**Records shown:**
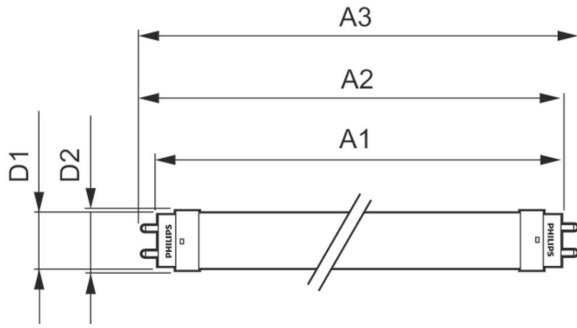

Essential LEDtube

Order product name	LEDtube HO 1200mm 20W 765 T8 AP I G
EAN/UPC – product	8718696674369
Order code	929001277308
SAP numerator – quantity per pack	1
Numerator – packs per outer box	10

Material no. (12 NC)	929001277308
SAP net weight (piece)	0.215 kg

Dimensional drawing

TLED Ecofit APR HO 1200mm 4ft T8 220-240

Product	D1	D2	A1	A2	A3
LEDtube HO 1200mm 20W 765 T8 AP I G	25.7 mm	28 mm	1198 mm	1205 mm	1212 mm

**Activity:** For this exercise, copy the lines from the one that contains "Numerator – packs" through the last line of the records, exactly and only those.

**Solution to this problem:**
Numerator – packs per outer box	10

Material no. (12 NC)	929001277308
SAP net weight (piece)	0.215 kg

Dimensional drawing

TLED Ecofit APR HO 1200mm 4ft T8 220-240

Product	D1	D2	A1	A2	A3
LEDtube HO 1200mm 20W 765 T8 AP I G	25.7 mm	28 mm	1198 mm	1205 mm	1212 mm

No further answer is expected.